- AIM OF THE EXERCISE: Write out the whole listing below exactly, skipping each picture.

** Opening ENTRIES PROVIDED block **

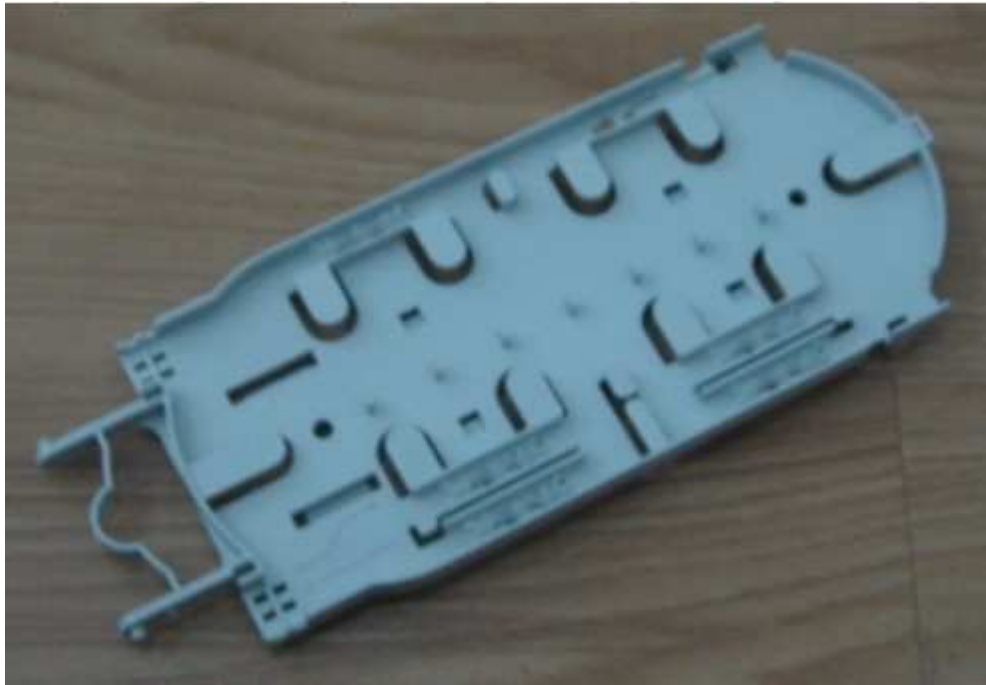

**Fiber Optic Splice Closure CWFOC1024-PLC144C**

FIBER OPTIC SPLICE CLOSURE 144 Core Fusion Splicing/PLC Splitter

The Closure is Heat Shrinkable Type, install 6pcs  
 24 Core Splice Tray,  
 Total For 24 Core Fusion Splicing  
 1 Overall Port, and 9 Small Out Ports For Cable  
 Entrance  
 Dimension For the Closure: Diameter-220/Height  
 528.5 (mm)

**Fiber Optic Splice Closure CWFOC1024-PLC144C**

The is 24 Core Splice Tray,24 Core Fusion Splicing Mini PLC Splitter 1\*4/1\*8/1\*16 could be Installed

**Fiber Optic Splice Closure CWFOC1024-PLC144C**

Optional Design: The PLC Splitter Box Could be Installed In Plate, under the Splicing Tray.  
Make 32 Ports of Reserved Plate For SC Adapters
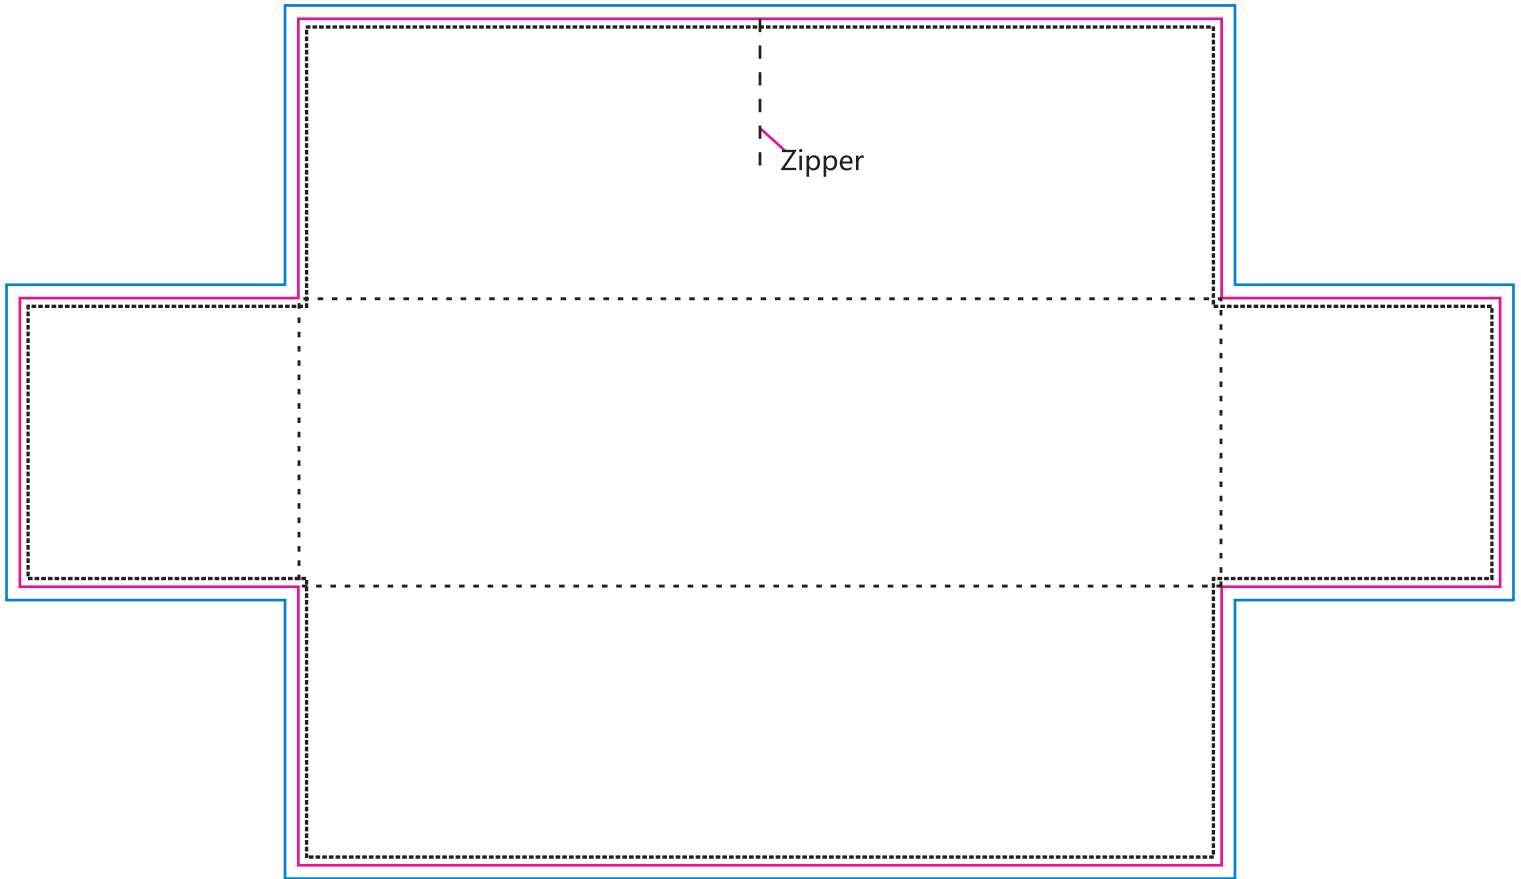

Product: POS27
Product Size: 3915mm(W)x2238.7mm(H)
Decoration Options:

Print size: 3915mm(W)x2238.7mm(H)
Shown at 5% actual size

— Knife line
— Bleed line
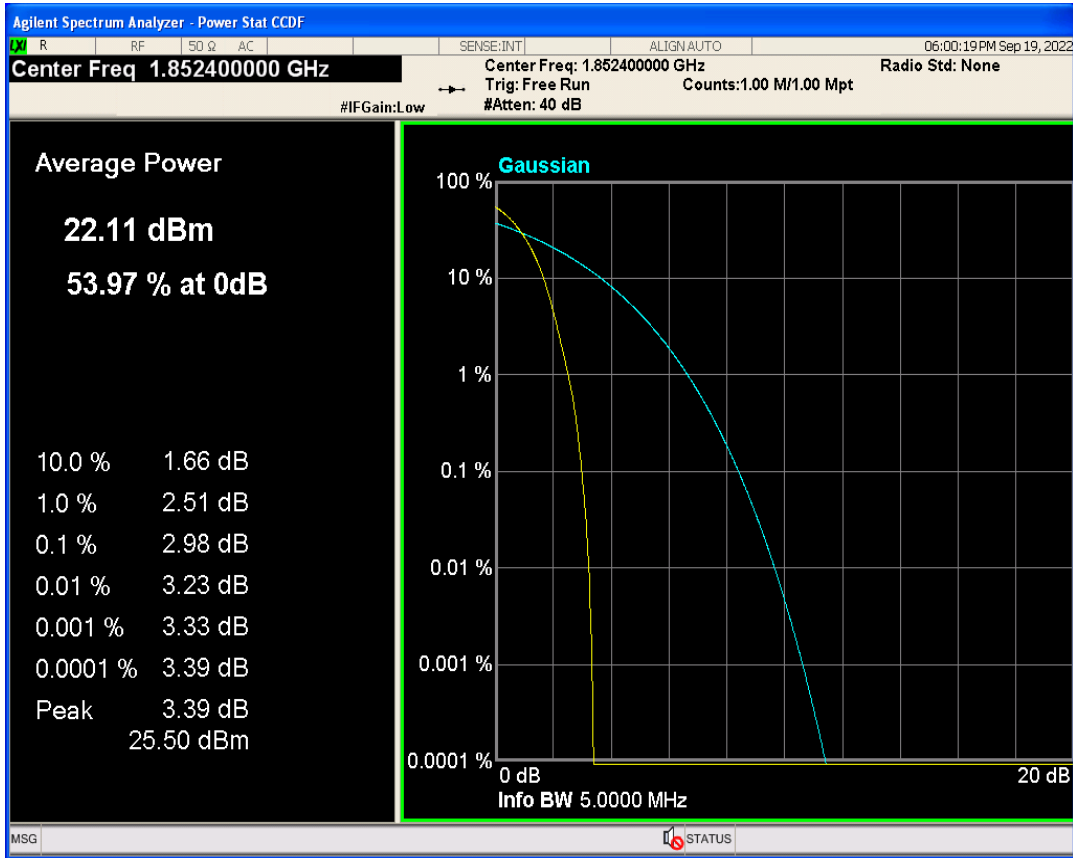

WCDMA Band2 Channel=9400
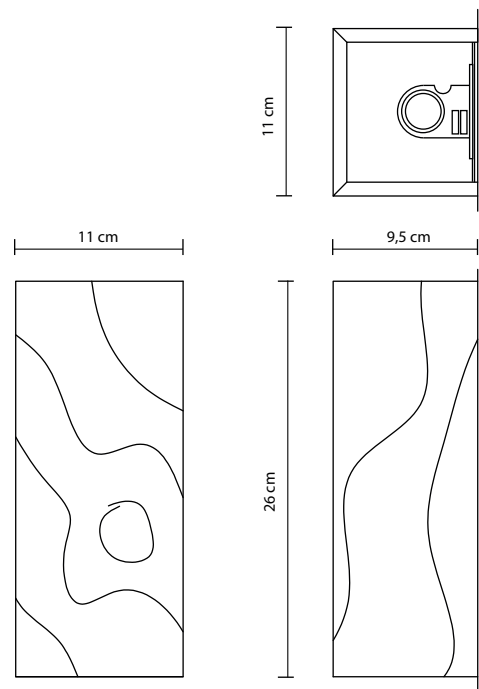

Warranty

Product is covered by 2 years warranty.

Specs

Lamp type	wall
Series	wild
Family	Secundus "Up & Down"
Dimensions	26 x 11 x 9.5 cm
Light source	2 x G-9
Power supply	no
Lamp flux	bulb not included
Color temperature	
Switch	no
Material used	oak wood + metal
Net weight	0,55 kg
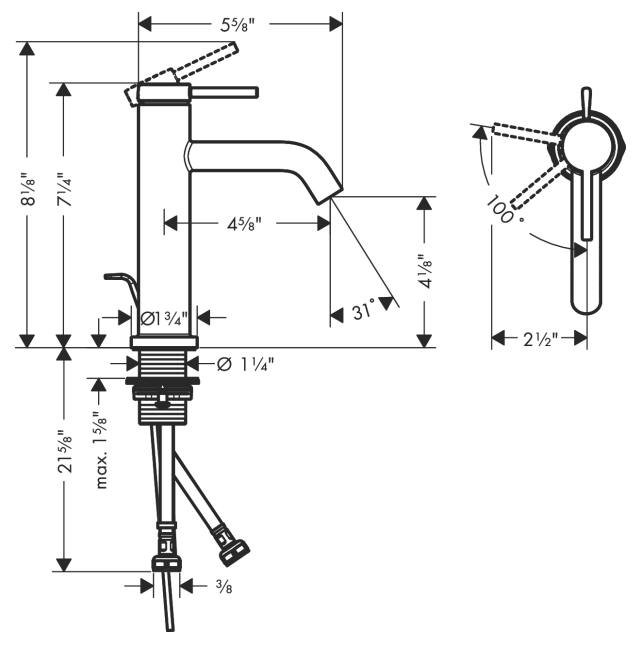

**Tecturis S**  
**Single-Hole Faucet 110 with Pop-Up Drain, 1.2 GPM**  
 Finish: **matte black** Part no. : **73314671**

**Description**

**Features**

- Consists of: Single-handle faucet, Pop-up assembly
- Spout height: 4 Inch
- Handle variant: Lever
- Spray modes: aerated spray
- Max. flow: 1.2 GPM (4.5 L/Min)
- Ceramic cartridge

**Item details**

List Price \$ 383.00

**Technology**

**Design awards**

**Compliance / Sustainability**

**Product image**

**Scale drawing**

**Tecturis S**  
**Single-Hole Faucet 110 with Pop-Up Drain, 1.2 GPM**  
 Finish: **matte black** Part no. : **73314671**

Exploded drawing

Year of production: >02/24

**Tecturis S**  
**Single-Hole Faucet 110 with Pop-Up Drain, 1.2 GPM**  
 Finish: **matte black** Part no. : **73314671**

**Spare parts list**

Year of production: >02/24

Pos.	Description	Part no.	Price	PU
1	handle	94985670	-	1
2	screw cover	93735610	-	1
3	hollow set screw M5x5	98446000	-	1
4	flange	93737670	-	1
5	nut	92926000	-	1
6	O-ring 29x2	98391000	-	1
7	cartridge, assy	93760000	-	1
8	seal	93383000	-	1
9	O-ring 25x1,5	98146000	-	1
10	adapter for cartridge	98866000	-	1
11	O-ring 23x2	98398000	-	1
12	aerator M16,5x1 (4,5 l/min)	92875000	-	1
13	special tool	98987000	-	1
14	fixing set (Ø 32)	13961000	-	1
15	pull rod	96657670	-	1
16	connection hose 23½" M8x0,75 3/8"	98600001	-	1
a	pop up waste	88509670	-	1
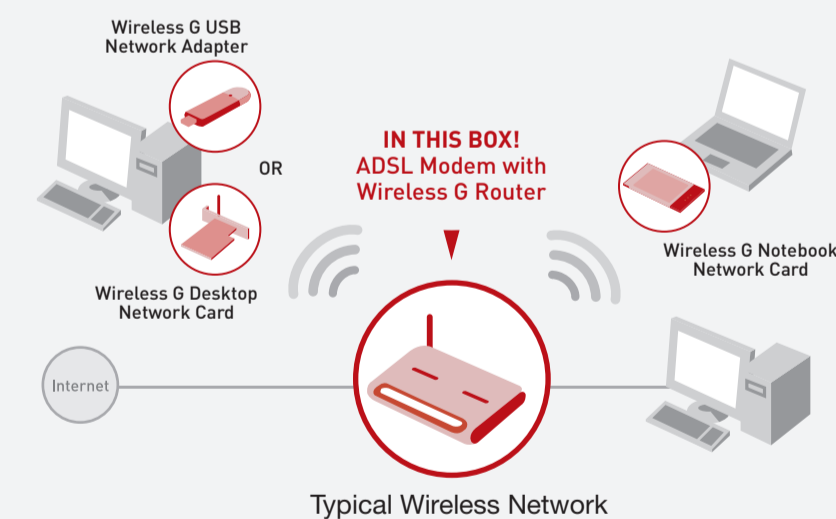

Garantía del fabricante para toda la vida
Garanzia a vita del produttore
Garantia do fabricante para toda a vida útil

Easy Install Wizard
Sets up in 3 minutes

Compatible con:
Compatible con:
Compatible com:
802.11b / 802.11g

Package Includes

ADSL, ADSL2 Modem with Wireless G Router
RJ11 Phone Line Cord
RJ45 Ethernet Networking Cable

Power Adapter
User Manual CD
Quick Installation Guide
Registration Card

System Requirements

Specifications:

Operating Range

Security

VPN Support

PPTP, L2TP, and IPSec pass-through

Management

Password protected, browser-based

Maximum Users: 253 (LAN), 32 (WLAN)

Ports

1 RJ11 port (ADSL)

LEDs

ADSL, Wireless, LAN (1, 2, 3, 4), Power

Comparta su conexión a Internet de banda ancha

Per condividere l'accesso a banda larga ad Internet

Partilhe a sua ligação Internet de banda larga
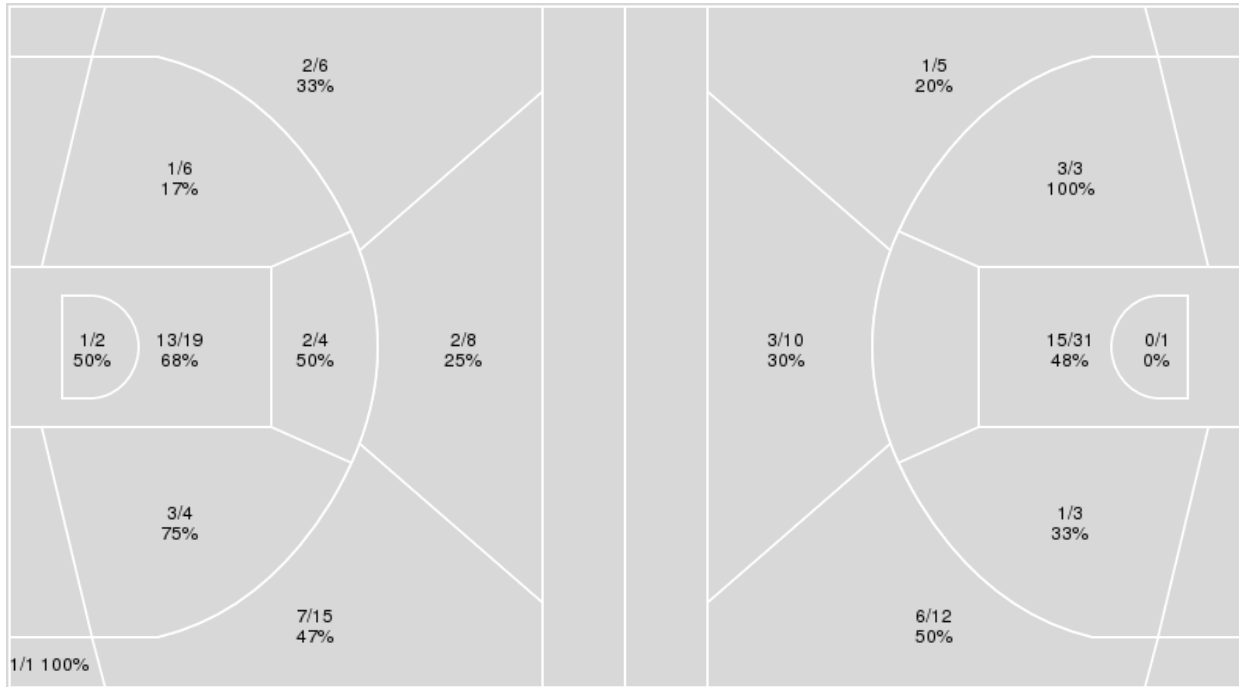

Belmont at Kentucky

12/20/24 Memorial Coliseum, Lexington
2024-25 Women's Basketball

Officials: Pualani Spurlock, William Smith, Jeff Wooten

{ Players => 0, 2, 3, 4, 5, 7, 8, 10, 11, 12, 13, 17, 32; } FG Types => All;
Results => All;

{ Players => 0, 1, 4, 5, 9, 13, 14, 20, 21, 22, 23, 33, 35; } FG Types =>
All; Results => All;

Kentucky

Belmont

Kentucky	M/A	%
Field Goals	32/65	49
2 Points	20/35	57
3 Points	12/30	40
Free Throws	8/9	89

Belmont	M/A	%
Field Goals	29/65	45
2 Points	19/38	50
3 Points	10/27	37
Free Throws	10/12	83
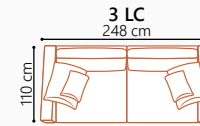

Siliconized polyester fiber
Loose seat cushions and loose back cushions

ARMREST

Foam 25-30 kg

FRAME

Plywood + wood + foam 25 kg

LEGS

Sora has no leg options

DECO PILLOWS

1 deco pillow per armrest size 60x60 cm
Filling: feather mixed with shredded foam
1 deco pillow per armrest size 40x40 cm
Filling: siliconized polyester fiber

Sora is available in a choice of fabrics
All measurements are approximate +/- 3 cm

SOFA SETS

Available combinations to choose from

OPEN END SMALL (Left/Right)
(3 part frame)
291 cm

OPEN END SMALL (Left/Right)
(2 part frame)
291 cm

OPEN END (Left/Right)
(3 part frame)
311 cm

OPEN END (Left/Right)
(2 part frame)
311 cm

OPEN END XL (Left/Right)
(3 part frame)
311 cm

SORA FOOTSTOOL OPTIONS

MODULES

To make your own sofa
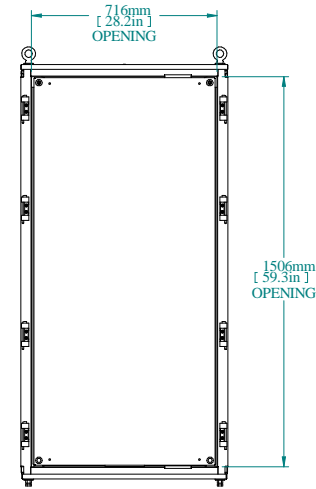

SECTION A-A

TOP VIEW

REAR VIEW

L.S. VIEW

FRONT VIEW

FRONT VIEW DOOR REMOVED

INNER PANEL

BOTTOM VIEW

PART NUMBERS	
HFMD1685	PAINTED TEXTURED GRAY RAL 7035

NOTES
Welded Assembly See Hammond Website for Additional Accessories

Data subject to change without notice. Isometric drawing not to scale.

**HAMMOND  
MANUFACTURING™**
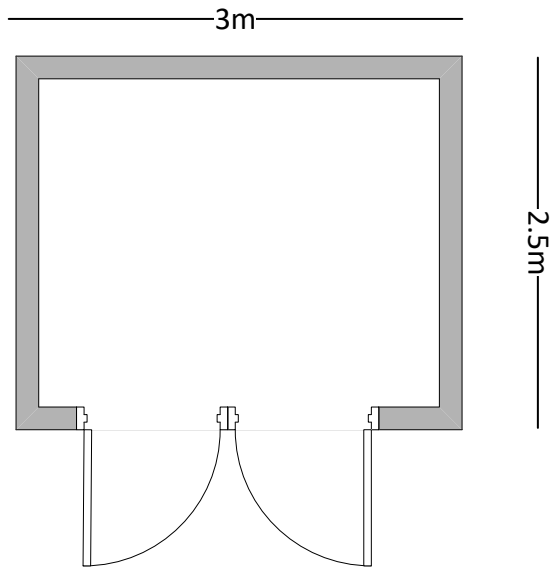

31 Leven Close – Summer House

Floor Plan

Left Side Aspect

Right Side Aspect

Rear Aspect

Scale 1:50

** Closing ENTRIES PROVIDED block **

- RESULT OF THE EXERCISE:
**Fiber Optic Splice Closure CWFOC1024-PLC144C**

FIBER OPTIC SPLICE CLOSURE 144 Core Fusion Splicing/PLC Splitter

The Closure is Heat Shrinkable Type, install 6pcs  
 24 Core Splice Tray,  
 Total For 24 Core Fusion Splicing  
 1 Overall Port, and 9 Small Out Ports For Cable  
 Entrance  
 Dimension For the Closure: Diameter-220/Height  
 528.5 (mm)

**Fiber Optic Splice Closure CWFOC1024-PLC144C**

The is 24 Core Splice Tray,24 Core Fusion Splicing Mini PLC Splitter 1\*4/1\*8/1\*16 could be Installed

**Fiber Optic Splice Closure CWFOC1024-PLC144C**

Optional Design: The PLC Splitter Box Could be Installed In Plate, under the Splicing Tray.  
Make 32 Ports of Reserved Plate For SC Adapters

Product: POS27
Product Size: 3915mm(W)x2238.7mm(H)
Decoration Options:

Print size: 3915mm(W)x2238.7mm(H)
Shown at 5% actual size

— Knife line
— Bleed line

WCDMA Band2 Channel=9400

Warranty

Product is covered by 2 years warranty.

Specs

Lamp type	wall
Series	wild
Family	Secundus "Up & Down"
Dimensions	26 x 11 x 9.5 cm
Light source	2 x G-9
Power supply	no
Lamp flux	bulb not included
Color temperature	
Switch	no
Material used	oak wood + metal
Net weight	0,55 kg

**Tecturis S**  
**Single-Hole Faucet 110 with Pop-Up Drain, 1.2 GPM**  
 Finish: **matte black** Part no. : **73314671**

**Description**

**Features**

- Consists of: Single-handle faucet, Pop-up assembly
- Spout height: 4 Inch
- Handle variant: Lever
- Spray modes: aerated spray
- Max. flow: 1.2 GPM (4.5 L/Min)
- Ceramic cartridge

**Item details**

List Price \$ 383.00

**Technology**

**Design awards**

**Compliance / Sustainability**

**Product image**

**Scale drawing**

**Tecturis S**  
**Single-Hole Faucet 110 with Pop-Up Drain, 1.2 GPM**  
 Finish: **matte black** Part no. : **73314671**

Exploded drawing

Year of production: >02/24

**Tecturis S**  
**Single-Hole Faucet 110 with Pop-Up Drain, 1.2 GPM**  
 Finish: **matte black** Part no. : **73314671**

**Spare parts list**

Year of production: >02/24

Pos.	Description	Part no.	Price	PU
1	handle	94985670	-	1
2	screw cover	93735610	-	1
3	hollow set screw M5x5	98446000	-	1
4	flange	93737670	-	1
5	nut	92926000	-	1
6	O-ring 29x2	98391000	-	1
7	cartridge, assy	93760000	-	1
8	seal	93383000	-	1
9	O-ring 25x1,5	98146000	-	1
10	adapter for cartridge	98866000	-	1
11	O-ring 23x2	98398000	-	1
12	aerator M16,5x1 (4,5 l/min)	92875000	-	1
13	special tool	98987000	-	1
14	fixing set (Ø 32)	13961000	-	1
15	pull rod	96657670	-	1
16	connection hose 23½" M8x0,75 3/8"	98600001	-	1
a	pop up waste	88509670	-	1

Garantía del fabricante para toda la vida
Garanzia a vita del produttore
Garantia do fabricante para toda a vida útil

Easy Install Wizard
Sets up in 3 minutes

Compatible con:
Compatible con:
Compatible com:
802.11b / 802.11g

Package Includes

ADSL, ADSL2 Modem with Wireless G Router
RJ11 Phone Line Cord
RJ45 Ethernet Networking Cable

Power Adapter
User Manual CD
Quick Installation Guide
Registration Card

System Requirements

Specifications:

Operating Range

Security

VPN Support

PPTP, L2TP, and IPSec pass-through

Management

Password protected, browser-based

Maximum Users: 253 (LAN), 32 (WLAN)

Ports

1 RJ11 port (ADSL)

LEDs

ADSL, Wireless, LAN (1, 2, 3, 4), Power

Comparta su conexión a Internet de banda ancha

Per condividere l'accesso a banda larga ad Internet

Partilhe a sua ligação Internet de banda larga

Belmont at Kentucky

12/20/24 Memorial Coliseum, Lexington
2024-25 Women's Basketball

Officials: Pualani Spurlock, William Smith, Jeff Wooten

{ Players => 0, 2, 3, 4, 5, 7, 8, 10, 11, 12, 13, 17, 32; } FG Types => All;
Results => All;

{ Players => 0, 1, 4, 5, 9, 13, 14, 20, 21, 22, 23, 33, 35; } FG Types =>
All; Results => All;

Kentucky

Belmont

Kentucky	M/A	%
Field Goals	32/65	49
2 Points	20/35	57
3 Points	12/30	40
Free Throws	8/9	89

Belmont	M/A	%
Field Goals	29/65	45
2 Points	19/38	50
3 Points	10/27	37
Free Throws	10/12	83

Siliconized polyester fiber
Loose seat cushions and loose back cushions

ARMREST

Foam 25-30 kg

FRAME

Plywood + wood + foam 25 kg

LEGS

Sora has no leg options

DECO PILLOWS

1 deco pillow per armrest size 60x60 cm
Filling: feather mixed with shredded foam
1 deco pillow per armrest size 40x40 cm
Filling: siliconized polyester fiber

Sora is available in a choice of fabrics
All measurements are approximate +/- 3 cm

SOFA SETS

Available combinations to choose from

OPEN END SMALL (Left/Right)
(3 part frame)
291 cm

OPEN END SMALL (Left/Right)
(2 part frame)
291 cm

OPEN END (Left/Right)
(3 part frame)
311 cm

OPEN END (Left/Right)
(2 part frame)
311 cm

OPEN END XL (Left/Right)
(3 part frame)
311 cm

SORA FOOTSTOOL OPTIONS

MODULES

To make your own sofa

SECTION A-A

TOP VIEW

REAR VIEW

L.S. VIEW

FRONT VIEW

FRONT VIEW DOOR REMOVED

INNER PANEL

BOTTOM VIEW

PART NUMBERS	
HFMD1685	PAINTED TEXTURED GRAY RAL 7035

NOTES
Welded Assembly See Hammond Website for Additional Accessories

Data subject to change without notice. Isometric drawing not to scale.

**HAMMOND  
MANUFACTURING™**

31 Leven Close – Summer House

Floor Plan

Left Side Aspect

Right Side Aspect

Rear Aspect

Scale 1:50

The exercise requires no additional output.